What many creators and collectors have also come to realize is that the extraction of a royalty for each subsequent sale of an NFT is much harder to enforce at the protocol level than was previously thought.

For one, there is no way to distinguish a transaction where person A transfers the NFT to person B in exchange for ETH, and a transfer in which person A sends the NFT to themselves through a different wallet address (similar to how the marketplace enforces its own fees for trades executed on its platform).

This means that the NFT marketplace must construct the smart contract for extracting a royalty only when a sale is conducted within the marketplace itself.

Enforcing NFT Royalties

Because the enforcement of royalties are limited to marketplace domains, a buyer and seller can technically agree to go off the marketplace and exchange an NFT for ETH via an OTC deal without paying the royalty.
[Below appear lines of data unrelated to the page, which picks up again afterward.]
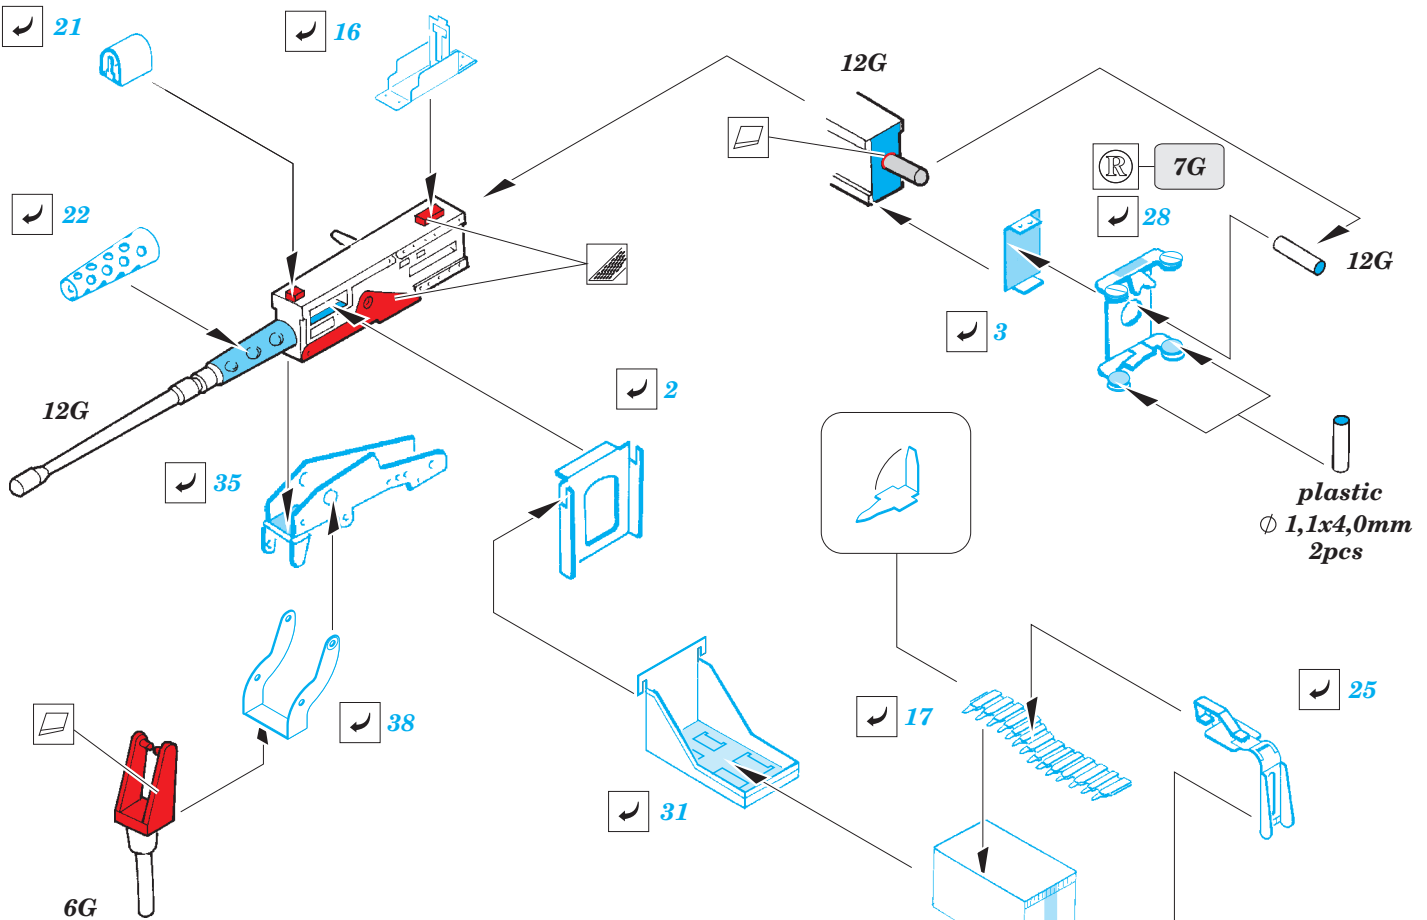

M-985 HEMTT Armament

eduard

36 274

1/35 scale detail set for ITALERI kit • sada detailů pro model 1/35 ITALERI

- ★ APPLY EXPRESS MASK AND PAINT BEFORE GLUING
POUŽIT EXPRESS MASK NABARVIT PŘED SLEPENÍM
- ☉ SYMMETRICAL ASSEMBLY
SYMETRICKÁ MONTÁŽ
- REMOVE
ODSTRANIT
- ▨ GRIND
OBROUSIT
- ⊘ DRILL HOLE
VRTAT OTVOR
- 1 COLORED ETCHED PARTS
LEPTANÉ BAREVNÉ DÍLY
- ↪ BEND
OHNOUT
- ? OPTION
VOLBA
- Ⓜ REPLACE
NAHRADIT

ORIGINAL KIT PARTS
 PŮVODNÍ DÍLY STAVEBNICE

PHOTO-ETCHED PARTS
 LEPTANÉ DÍLY

PARTS TO BE REMOVED
 DÍLY K ODSTRANĚNÍ

FILL
 TMELIT

*For further detail sets look for **eduard** 36 269 HEMTT interior (not included in this set)*

Furthermore, a competing marketplace can set up its own smart contract for facilitating NFT trades that do not enforce the creators' royalty fees. Also, since the current owner of the NFT has full control of their asset, they are free to transfer it into a different marketplace that doesn’t enforce royalties in order to trade at a cheaper cost.
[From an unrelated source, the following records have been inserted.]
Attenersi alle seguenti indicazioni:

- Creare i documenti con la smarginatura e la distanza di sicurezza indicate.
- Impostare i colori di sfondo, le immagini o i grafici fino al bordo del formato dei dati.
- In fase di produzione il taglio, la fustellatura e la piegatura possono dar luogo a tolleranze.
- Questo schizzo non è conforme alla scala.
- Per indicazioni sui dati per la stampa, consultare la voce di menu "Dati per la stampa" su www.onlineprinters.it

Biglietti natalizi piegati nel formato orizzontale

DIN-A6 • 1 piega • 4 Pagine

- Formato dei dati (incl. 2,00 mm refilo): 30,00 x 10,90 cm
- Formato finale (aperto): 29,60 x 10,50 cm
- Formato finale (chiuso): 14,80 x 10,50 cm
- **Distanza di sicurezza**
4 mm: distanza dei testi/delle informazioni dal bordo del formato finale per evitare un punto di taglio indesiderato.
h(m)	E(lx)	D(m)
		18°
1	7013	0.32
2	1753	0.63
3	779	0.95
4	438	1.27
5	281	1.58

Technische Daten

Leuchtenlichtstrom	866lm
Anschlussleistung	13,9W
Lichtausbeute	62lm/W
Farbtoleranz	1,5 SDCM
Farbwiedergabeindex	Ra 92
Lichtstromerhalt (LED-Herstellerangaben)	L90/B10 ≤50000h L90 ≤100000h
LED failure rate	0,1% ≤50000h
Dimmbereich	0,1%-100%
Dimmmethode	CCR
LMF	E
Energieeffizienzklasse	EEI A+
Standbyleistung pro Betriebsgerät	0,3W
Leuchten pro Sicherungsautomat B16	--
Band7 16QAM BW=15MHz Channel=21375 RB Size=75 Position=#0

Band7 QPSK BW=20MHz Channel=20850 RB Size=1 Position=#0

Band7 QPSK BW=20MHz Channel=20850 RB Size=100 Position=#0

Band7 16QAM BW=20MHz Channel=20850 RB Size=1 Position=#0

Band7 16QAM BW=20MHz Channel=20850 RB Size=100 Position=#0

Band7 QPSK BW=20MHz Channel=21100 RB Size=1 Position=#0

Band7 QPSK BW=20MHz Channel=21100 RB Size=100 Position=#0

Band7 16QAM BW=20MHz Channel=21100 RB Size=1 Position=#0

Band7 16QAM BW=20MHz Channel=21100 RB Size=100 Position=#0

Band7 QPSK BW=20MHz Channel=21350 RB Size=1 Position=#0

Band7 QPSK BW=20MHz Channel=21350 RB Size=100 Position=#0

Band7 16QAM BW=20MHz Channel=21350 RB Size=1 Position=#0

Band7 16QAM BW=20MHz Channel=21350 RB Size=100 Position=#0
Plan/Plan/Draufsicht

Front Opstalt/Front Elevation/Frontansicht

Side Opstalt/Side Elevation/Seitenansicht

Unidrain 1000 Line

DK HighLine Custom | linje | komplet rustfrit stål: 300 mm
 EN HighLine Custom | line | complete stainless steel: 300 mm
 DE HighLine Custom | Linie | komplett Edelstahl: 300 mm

The allure of cheaper fees due to no enforcement of royalties naturally attracts more traders and greater liquidity to the competing marketplace, forcing the other marketplace to follow suit and drop their enforcement of royalties in order to remain competitive.

This explains how OpenSea recently came to their decision to cut their enforcement of royalties from up to 10% previously to 0.5% in order to compete with incumbents like Magic Eden and Blur.
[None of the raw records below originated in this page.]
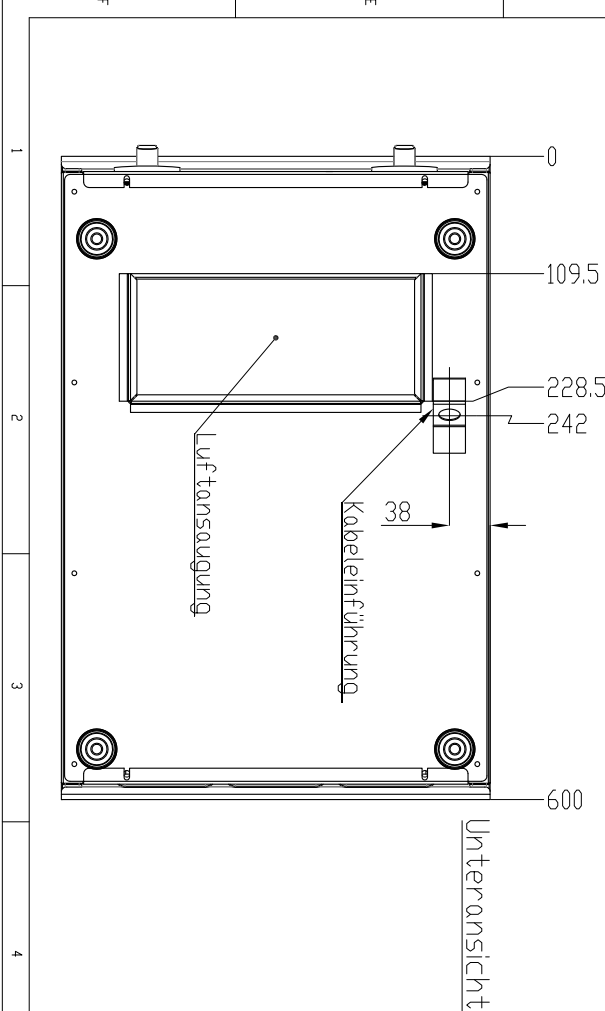

560 Glaslänge

Draufsicht

Seitenansicht

Vorderansicht

Rückansicht

Unteransicht

Berner-Kochsysteme GmbH & Co.KG Südettenstr. 5 D-87471 Durach Tel: +49(0)831/697247-0 Fax: +49(0)831/697247-15 Email: bernerk@bernerkoch.de www.bdk-tuende				BENENNUNG <b>B12KTT-7FL,-10FL</b>	
Alle Maße in mm   Abweichungstoleranz = ± n Kanten geraden NAME: SIGMUND DATUM: 30.04.2019 GEZEICHNET: Hibel RH GEPROBT: NAME: Bereich: DATUM:		VERSTÜFF: HERSTELLER: Berner		ZEICHNUNGSNR: <b>B12KTT-7FL,-10FL</b>	
ANDERUNG 1 ANDERUNG 2		MASSSTAB:		ZEICHNUNGSNR./ARTIKELNR./HERSTELLER: <b>B12KTT-7FL,-10FL</b>	
ANMERKUNG 1 ANMERKUNG 2		GEWICHT:		BLATT 1 VON 2	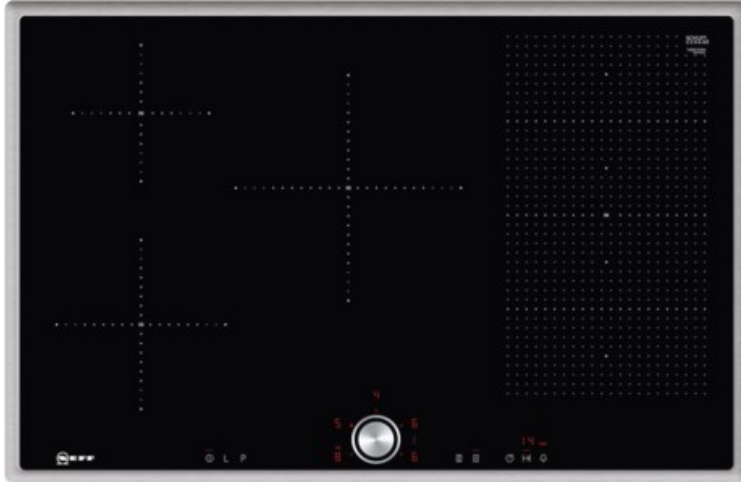

Elektro Böing

Kompetent. Sympathisch. Nah.

Unsere persönliche Empfehlung für Sie:

Neff TBT5820N | edelstahl

Artikelnummer 12603

Produkt-Highlights

- **Induktion** - Die Hitze wird bei der Induktionsbeheizung direkt im Kochgeschirr erzeugt für präzises, punktgenaues Kochen ohne Nachgaren.
- **FlexInduction** - Die Flexzone bietet die flexible Platzierung Ihrer Töpfe und Pfannen und erhitzt das Kochgeschirr genau an dieser Stelle.
- Das **TwistPad®** ist ein magnetischer abnehmbarer Bedienknopf, mit dem sich alle Kochzonen präzise und komfortabel regeln lassen.
- **PowerMove** - die Flexzone wird in drei Heizzonen aufgeteilt: vorne Kochen, in der Mitte Köcheln und hinten Warmhalten.

Produkttyp

- Produkttyp: Autark-Induktionsfeld

Ausstattung & Technik

- Turbo-Stufe
- Topferkennungssensor für jede Kochzone
- Restwärmanzeige:
Restwärmanzeige für jede Kochzone
- Anschlusswert: 7,40 kW

Bedienung

- Schalterart: abnehmbare Magnet-Drehregler
- Countdown-Timer/Kurzzeit-Wecker
- Haupt-Betriebsschalter
- Funktionssperre
- Kindersicherung

Gehäuseeigenschaften

- Breite: 79,50 cm

- Höhe: 5,50 cm
- Tiefe: 51,70 cm
- Gewicht: 16 kg
- Farbe: edelstahl

This decision has been met with pushback from the creator community, many of whom feel betrayed by the false promise of a new paradigm for artists to earn a living by monetizing their work through smart contract enforced royalties.

The truth about NFT royalties and their limitations are complex to unpack for many, as they deal with a combination of technical limitations and efficient market dynamics.

What the debate ultimately comes down to is understanding how and where creators can apply leverage in order to extract maximum value from their NFT artwork.

Thus far, the best answer seems to be in developing creator-owned NFT marketplaces where artists have more control over the mechanism for enforcing royalties on secondary sales.

However, this approach still has limitations, as NFT owners are always free to migrate their assets to a different marketplace where no royalties are enforced.

To mitigate this, some artists are limiting any additional perks and rewards granted to NFT holders to only those that paid a royalty in purchasing their NFT.

Projects like Immutable X are taking a similar approach by creating a community-governed whitelist/blacklist for smart contracts that honor royalty fees, where smart contracts on a blacklist will be unable to transfer and receive NFTs from a collection that enforces royalties.

Another approach to maintain enforcement of royalties is to develop an application-specific blockchain, or appchain, that is designed from the consensus layer to the smart contract/execution layer to support the enforcement of royalties for NFT sales.

This would likely require the creation of a new token standard and smart contract mechanism that was capable of distinguishing a transfer from a sale of the NFT. Currently there are no established projects pursuing this path.

In Conclusion - NFT Marketplaces

The space for NFT marketplaces is becoming more diverse and innovative. An underrated value of NFT marketplaces is that they exist on top of open and permissionless protocols.

This means that anyone that is dissatisfied with the current model can fork the code and create their own marketplace that adopts rules such as enforcing royalties, incentivizing liquidity, curating a certain type of artwork, and more.

As NFTs become more mainstream, we can also expect to see new approaches to the standard NFT marketplace model that caters to global media, sports and fashion brands looking to protect their intellectual property.

Ultimately, this should be a net positive for the adoption of NFTs and the growth of the industry as a whole.